----- Records for this task
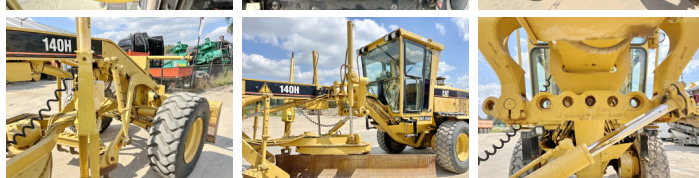

Caterpillar

Caterpillar 140H - CE CERTIFICATE

€ 84.500wy??czny podatek

Rok **2006**
Numer referencyjny **BM006001**

Algemeen

Typ 140H
Lokalizacja Veldhoven, Netherlands
Certificaat CE + EPA
Available at Boss Machinery! This Caterpillar 140H Grader from 2006 has an engine power of 162 kW and counts 0 operational hours. The total weight of this Caterpillar 140H is 21300 kg and the dimensions are 9.50 x 2.60 x 3.38 . Furthermore, this 140H is equipped with GPS Kit Trimble, Dodatkowa funkcja hydrauliczna. The Caterpillar Grader also has a CE + EPA marking. Do you want more information or do you want to try the Caterpillar 140H at our yard? Please let us know.

Maten / Gewichten

Waga 21300
Wymiary D*S*W 9.50 x 2.60 x 3.38

Technische informatie

Konfiguracje dysków 6x4

Motor informatie

Marka silnika Caterpillar
Model silnika 3176
Cylindry 6
Turbo
Wydajno?? w kW 162

Banden / Rupsen

90% 90% 17.5R25
70% 70% 17.5R25
70% 70% 17.5R25

BOSS
MACHINERY

Opties

GPS Kit

Dodatkowa funkcja
hydrauliczna

Trimble
----------
--- Task description ---
Reproduce exactly the line containing "Certificaat CE + EPA" and every line after it through the end of the records above, and nothing else.

--- Output ---
Certificaat CE + EPA
Available at Boss Machinery! This Caterpillar 140H Grader from 2006 has an engine power of 162 kW and counts 0 operational hours. The total weight of this Caterpillar 140H is 21300 kg and the dimensions are 9.50 x 2.60 x 3.38 . Furthermore, this 140H is equipped with GPS Kit Trimble, Dodatkowa funkcja hydrauliczna. The Caterpillar Grader also has a CE + EPA marking. Do you want more information or do you want to try the Caterpillar 140H at our yard? Please let us know.

Maten / Gewichten

Waga 21300
Wymiary D*S*W 9.50 x 2.60 x 3.38

Technische informatie

Konfiguracje dysków 6x4

Motor informatie

Marka silnika Caterpillar
Model silnika 3176
Cylindry 6
Turbo
Wydajno?? w kW 162

Banden / Rupsen

90% 90% 17.5R25
70% 70% 17.5R25
70% 70% 17.5R25

BOSS
MACHINERY

Opties

GPS Kit

Dodatkowa funkcja
hydrauliczna

Trimble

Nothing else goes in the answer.